Per vendere la produzione si servì delle conoscenze a corte del defunto marito (Castel). Di corti in Francia (parlo di una italiana completamente francesizzata) ce ne era più di una: quella del re, quella dei fratelli del re - tra cui il duca di Borgogna - del nipote del re (Luigi di Orleans protetto dal conte di Armagnac) ecc.
Tra tanti possibili ricchi acquirenti - la Nostra si barcamenava tra gli opposti - per avere una decorosa fonte di reddito bisognava produrre molto.
Cosa che la Nostra fece: si organizzò un atelier con diversi copisti amanuensi che miniavano deliziosamente i suoi manoscritti non facendo mai mancare la immagine dell'Autrice con un sobrio elegante abito da lavoro blue reale.
La personalità di cui vo' cianciando si chiamava Cristina da Pozzano località bolognese di paterna origine ma per la storia è Christine de Pizan (lo storico Le Goff la chiama Cristina da Pisano) considerato che visse ed operò nella Francia del XIV secolo.
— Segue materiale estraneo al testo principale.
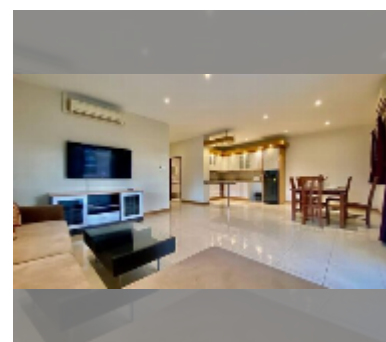

Condo for sale 3 bedroom 150 m² in New Nordic Dream Paradise, Pattaya

฿ 8,630,000

UNIT PARAMETERS:

UID	FS-240476
quota	foreign quota
type	3 bedroom
size	150m²
floor	5
view	city view

PROJECT PARAMETERS:

district	Pratumnak
maintenance	฿ 63,000/year

FACILITIES:

General information: boutique, underground parking.

Swimming pool: swimming pool.

Chill zone: chill zone, garden.

Other: CCTV, security.
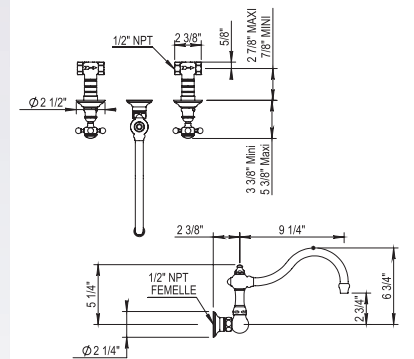

3-Hole Wall Mounted Kitchen Faucet

102.66.164

160.67.164

161.67.164

162.67.164

- Swivel Spout
- ¼-Turn Ceramic Disc
- Spout: ½" Female NPT
- Flow Rate: 2.2 GPM
- Roughs Available Ahead.
- Ref 100.92.046BT and 100.92.048BT That Can Be Found On Page 32
- Side Spray not Available

PC $1585
PN $1660
BN $1790
UB/AB $2190
CB/GB $2695
PG/MG $2975
PS/AS $3085
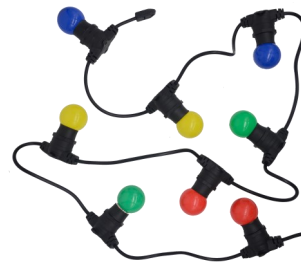

Linkable LED Festoon Sets - Supplied with Built in 6.5Watt Lamps - 110V

T82KIT	2M Spacing - 10 Lamps - 20M Long
T82KIT/40	2M Spacing - 20 Lamps - 40M Long
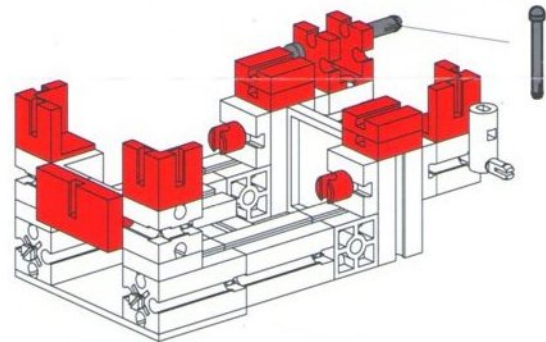

OFF ROAD

- 7**
- 3x [Grey Technic Axle Connector]
 - 2x [Red Technic 1x2 Brick]
 - 2x [Red Technic 1x2 Brick with Hole]
 - 2x [Red Technic 1x2 Brick with Pin Hole]
 - 2x [Red Technic 1x2 Brick with Pin Hole]
 - 2x [Red Technic Pin]
 - 1x [Red Technic 1x2 Brick with Pin Hole]

- 8**
- 2x [Red Technic 1x2 Brick]
 - 1x [Red Technic Pin]
 - 1x [Red Technic 1x2 Brick with Pin Hole]
 - 2x [Red Technic Axle of Length 45]
 - 4x [Red Technic Axle of Length 60]
 - 1x [Red Technic Axle of Length 90]
 - 2x [Red Technic 1x2 Brick with Pin Hole]
 - 8x [Grey Technic Pin]
 - 1x [Grey Technic Axle Connector]
 - 1x [Blue Technic Rubber Band]

- 9**
- 2x [Red Technic 1x4 Plate]
 - 2x [Red Technic Axle of Length 90]
 - 2x [White Technic Pin]
 - 2x [Yellow Technic 1x2 Brick]
 - 2x [Red Technic 1x2 Brick]
 - 1x [Red Technic 1x2 Brick with Pin Hole]
 - 1x [Red Technic 1x2 Brick with Pin Hole]
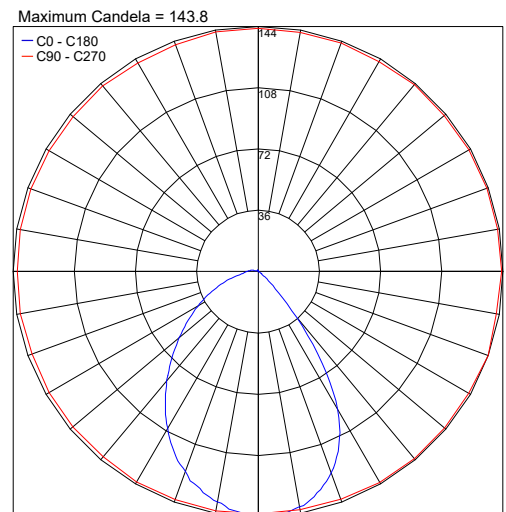

# ECLIPSE MINI SQUARE 01

Eclipse Mini Square 01 is an outdoor wall / surface mounted fixture that creates a mono-directional wall-washer lighting effect. It is available with a built-in driver and 3 standard finishes.

## TECHNICAL DATA

<b>Wattage / Input</b>	4W (120VAC)
<b>Power Supply</b>	Integral
<b>Construction</b>	Body: Die-Cast Copper-Free Aluminum Lens: Frosted Polycarbonate Diffuser
<b>CCT</b>	3000K
<b>BUG Rating</b>	B0-U1-G0
<b>Delivered Lumens</b>	350 lm (3000K)
<b>Efficacy</b>	87.5 lm/W
<b>Optics</b>	30°
<b>Finishes</b>	Textured Gray, Anthracite Gray, Matte Black on request
<b>Fixture Dimensions</b>	6.73" l x 1.32" w
<b>Fixture Weight</b>	2.2 lbs
<b>LED Source</b>	6 mid-power CREE XH-G LED
<b>IP Rating</b>	IP65
<b>IK Rating</b>	IK08

Fixture Dimensions:

## PHOTOMETRIC DATA
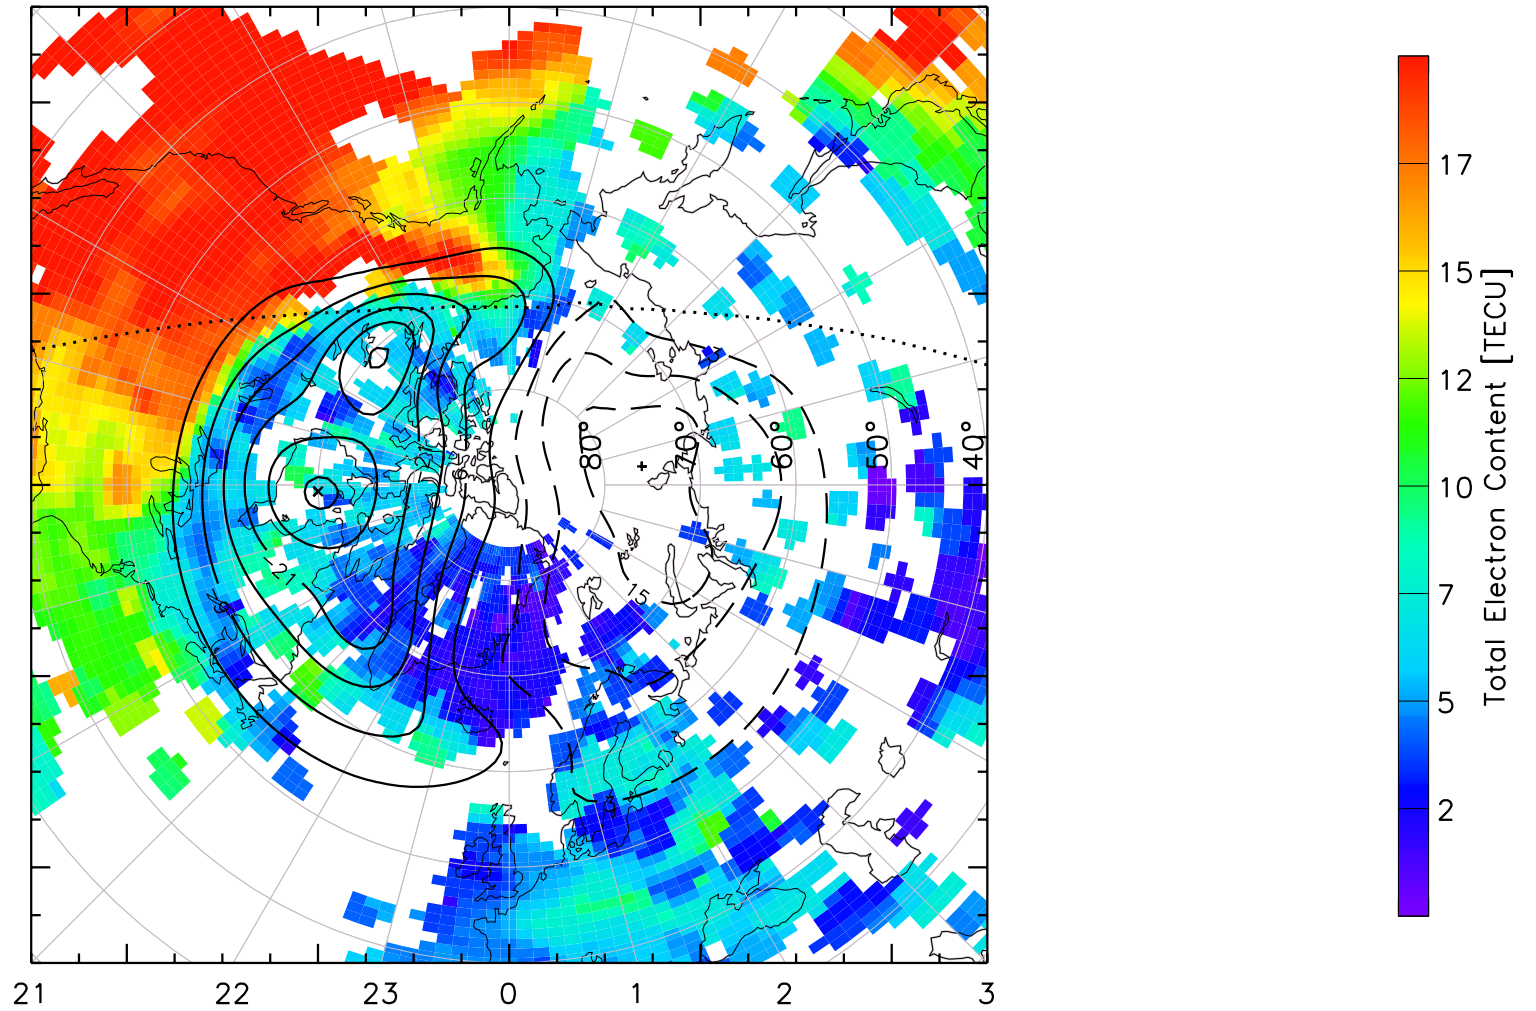

TOTAL ELECTRON CONTENT 05/Feb/2011 00:00:00.0
Median Filtered, Threshold = 0.10 to
05/Feb/2011 00:05:00.0

0000 0500
[Empty box]

Donna fuori dell'ordinario a partire dall'educazione familiare. Affrontò la vedovanza determinata a difendere i propri interessi economici ed a difendere la femminilità in ogni accezione (nobili borghesi prostitute) senza cadere in eccessi da suffragette.
Che i tempi misogini ed i costumi non lo avrebbero permesso.
Qualche momento di cedimento lo ebbe. Dice in una celebre ballata: “Sono sola, e sola voglio rimanere/sola, mi ha lasciato il mio dolce amico,/sola, senza compagno né maestro,/sola, triste e dolente,/sola, languo sofferente,/smarrita come nessuna/sola, senza più amico./Sola, alla porta o alla finestra./sola nascosta in un angolo,/sola, mi nutro di lacrime,/sola. dolente o quieta./sola. non c'è nulla di più triste./sola, chiusa nella mia stanza/sola, senza più amico/Sola ovunque e in ogni luogo;/sola, che io vada o che rimanga,/sola, più di ogni altra creatura,/sola abbandonata da tutti,/sola, duramente umiliata,/sola, sovente tutta in lacrime,/sola, Principi, iniziata è la mia pena/sono sola, minacciata dal dolore,/sola, più nera del nero/sola, senza più amico."
Tali alti lai erano prodromi di una ricerca amorosa? Giammai! "Oh, Dame fuggite, fuggite il folle amore che vi propongono. Fuggite! In nome di Dio, fuggite! Non ne può venire niente di buono, siate certe. E non sperate il contrario, perché non può essere altrimenti. (Da "La città delle dame").
La difesa della calpestata femminilità (da Aristotele ad Agostino a Tommaso passando per la Scolastica fino ai suoi tempi) aveva generato la misantropia.
Fiera ed efficace polemista per forza di cose, direi quasi per difesa personale contro autorevoli accademici: dal coautore del Roman de la rose, un best seller, a Mateolo (un detrattore maldicente) che contava meno ma faceva audience.
Costruiamo - dice Christine - una città per sole donne, una città rifugio ideale, un luogo della mente e vi terremo donne sapienti virtuose eroine sante (Vergine in testa) che la storia o la religione o la letteratura (Boccaccio) ci hanno tramandato. lnnalziamo una cinta di mura a difesa dai pregiudizi, contro la misoginia anche fllosofica dominante!
Un altro momento di cedimento Christine de Pizan lo ebbe quando vide la Francia insanguinata dalla guerra civile (Armagnacchi contro Borgognoni) cui si aggiunse la guerra dei Cent'anni (1339-1453) per le pretese inglesi. Si ritirò in convento senza farsi suora. Ne uscì e riprese a scrivere quando Carlo Vll fu incoronato re grazie a Giovanna d'Arco e le speranze dell'Autrice in un mondo migliore erano rinverdite. Ormai il suo tempo era finito. Morì a 55 anni (era nata nel 1365) prima che ardesse il rogo della Pulzella (30 maggio 1431).
(Maria Giuseppina Muzzarelli, Un'italiana alla corte di Francia - Christine de Pizan intellettuale e donna, ll Mulino pag. 160, € 13,50 - Christine de Pizan, La città delle dame, Lunì editore, Fuori commercio).